§ **Your instructions**
Copy every line from the records that holds the word "Charger".

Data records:
• • • • • • •

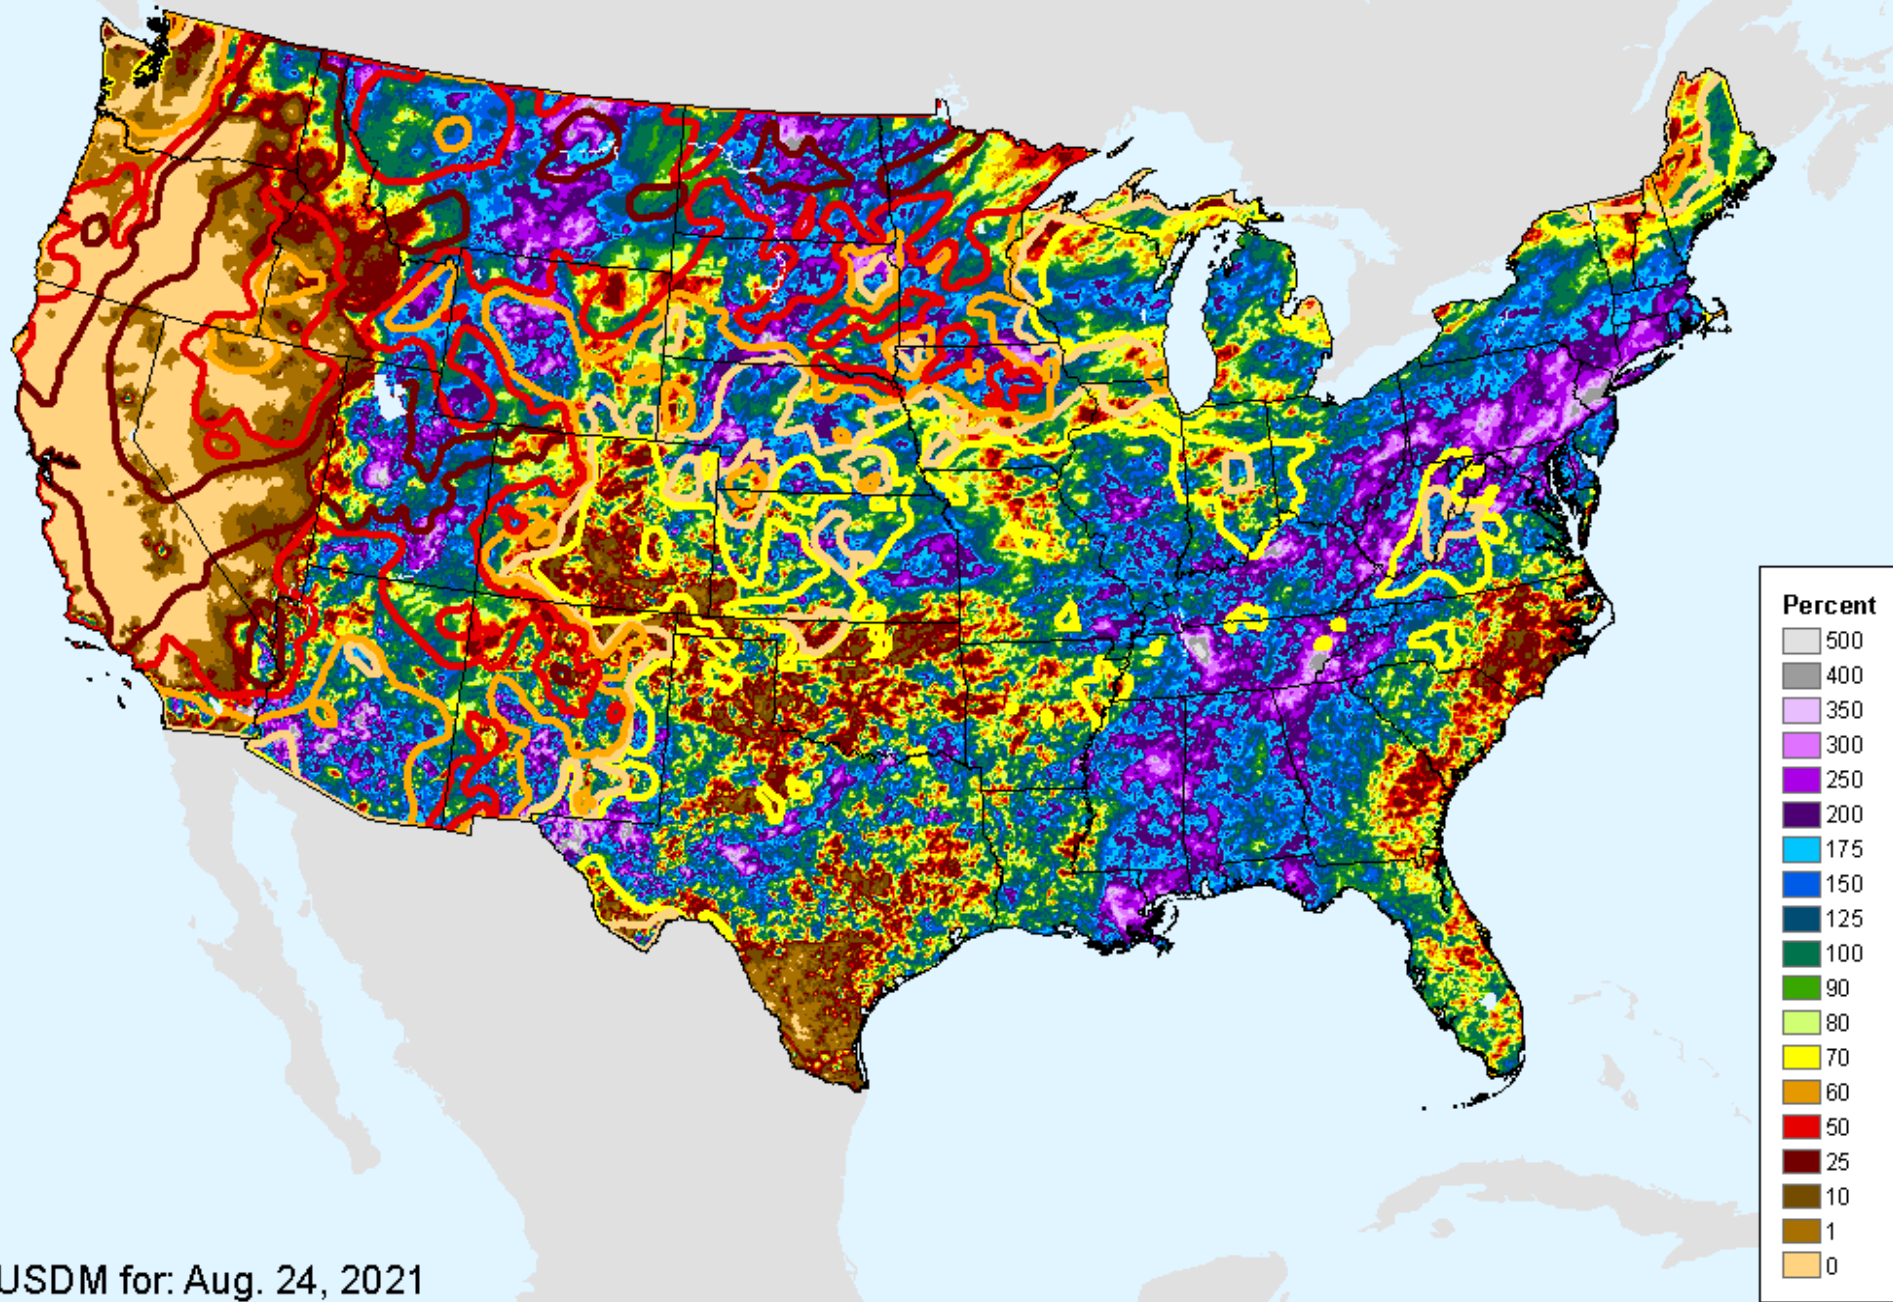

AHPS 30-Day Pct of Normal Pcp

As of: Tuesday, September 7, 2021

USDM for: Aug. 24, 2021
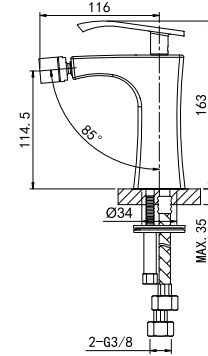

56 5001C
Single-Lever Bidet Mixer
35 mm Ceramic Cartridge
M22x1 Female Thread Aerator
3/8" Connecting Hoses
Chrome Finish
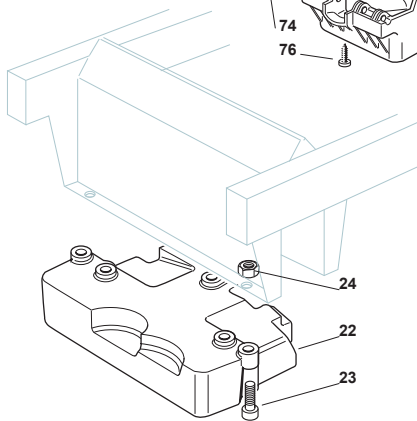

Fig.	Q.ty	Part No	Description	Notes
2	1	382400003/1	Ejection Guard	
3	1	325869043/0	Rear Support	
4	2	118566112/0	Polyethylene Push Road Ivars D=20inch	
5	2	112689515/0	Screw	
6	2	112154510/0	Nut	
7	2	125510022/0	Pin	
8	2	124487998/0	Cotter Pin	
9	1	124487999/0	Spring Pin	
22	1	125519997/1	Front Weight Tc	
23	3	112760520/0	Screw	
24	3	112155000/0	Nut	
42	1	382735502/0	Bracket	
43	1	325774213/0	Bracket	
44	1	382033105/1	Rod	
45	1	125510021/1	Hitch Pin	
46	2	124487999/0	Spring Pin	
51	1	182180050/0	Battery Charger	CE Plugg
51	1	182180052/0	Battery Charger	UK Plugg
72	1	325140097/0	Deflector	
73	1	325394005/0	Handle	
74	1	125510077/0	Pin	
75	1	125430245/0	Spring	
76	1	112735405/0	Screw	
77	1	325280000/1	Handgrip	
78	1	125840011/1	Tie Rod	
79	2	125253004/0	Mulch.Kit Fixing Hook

• • • • • • •

§ **Solution to this exercise**
51	1	182180050/0	Battery Charger	CE Plugg
51	1	182180052/0	Battery Charger	UK Plugg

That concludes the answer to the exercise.